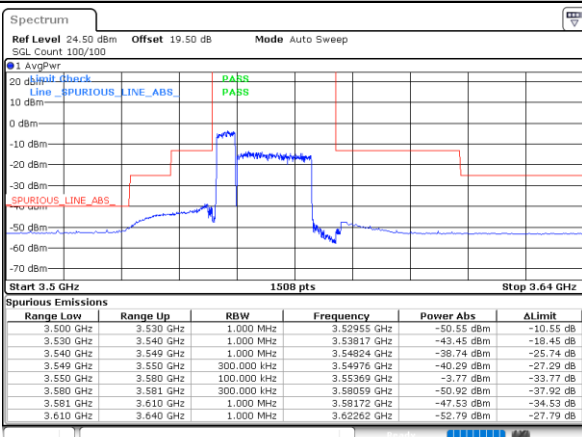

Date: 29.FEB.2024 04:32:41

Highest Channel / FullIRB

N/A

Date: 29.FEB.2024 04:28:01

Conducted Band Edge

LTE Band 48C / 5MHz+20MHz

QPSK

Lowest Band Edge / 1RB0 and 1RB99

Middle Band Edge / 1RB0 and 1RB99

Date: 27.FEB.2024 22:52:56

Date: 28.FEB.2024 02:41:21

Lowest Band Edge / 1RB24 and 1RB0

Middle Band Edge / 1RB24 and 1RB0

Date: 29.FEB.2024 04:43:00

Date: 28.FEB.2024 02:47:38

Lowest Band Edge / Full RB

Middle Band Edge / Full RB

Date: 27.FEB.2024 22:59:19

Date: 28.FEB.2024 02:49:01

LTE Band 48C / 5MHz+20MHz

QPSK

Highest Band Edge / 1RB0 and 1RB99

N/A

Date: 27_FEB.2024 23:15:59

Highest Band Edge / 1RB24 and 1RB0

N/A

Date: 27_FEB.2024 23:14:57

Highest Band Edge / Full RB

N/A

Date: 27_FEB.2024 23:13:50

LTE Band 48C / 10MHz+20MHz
--
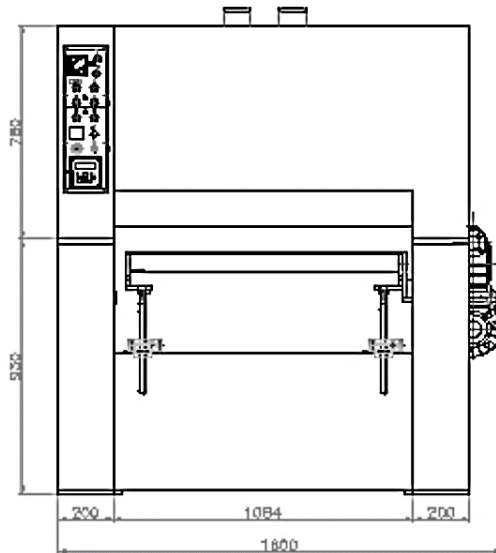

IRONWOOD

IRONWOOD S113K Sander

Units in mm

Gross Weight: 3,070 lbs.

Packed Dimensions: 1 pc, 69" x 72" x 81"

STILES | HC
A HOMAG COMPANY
--
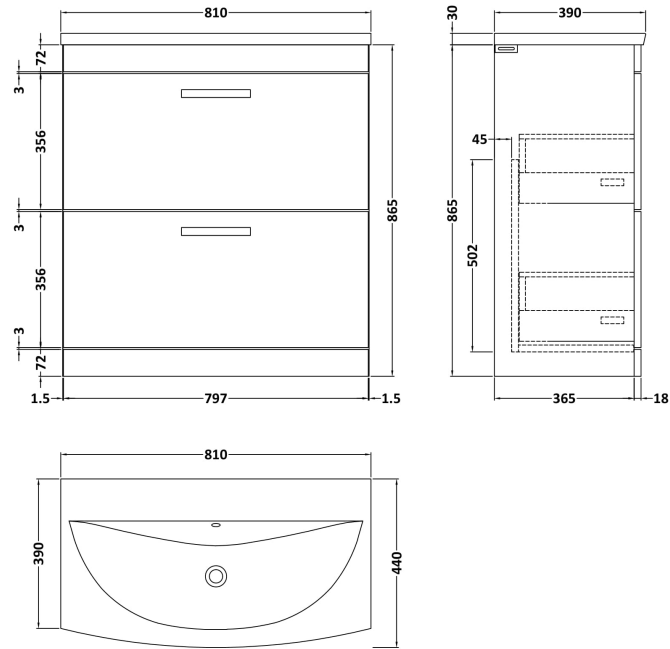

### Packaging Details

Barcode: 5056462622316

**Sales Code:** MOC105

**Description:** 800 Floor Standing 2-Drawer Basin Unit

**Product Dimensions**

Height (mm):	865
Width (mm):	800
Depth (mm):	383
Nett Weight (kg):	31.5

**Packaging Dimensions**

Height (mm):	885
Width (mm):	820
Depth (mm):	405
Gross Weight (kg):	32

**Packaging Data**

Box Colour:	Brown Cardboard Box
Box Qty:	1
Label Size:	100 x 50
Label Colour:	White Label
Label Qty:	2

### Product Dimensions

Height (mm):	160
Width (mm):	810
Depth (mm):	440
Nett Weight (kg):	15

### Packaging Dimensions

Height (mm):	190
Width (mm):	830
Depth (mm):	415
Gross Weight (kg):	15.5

- WORK ITEM:
Identify all lines in the records above with the word "Lowest".

- TASK SOLUTION:
Lowest Band Edge / 1RB0 and 1RB99
Lowest Band Edge / 1RB24 and 1RB0
Lowest Band Edge / Full RB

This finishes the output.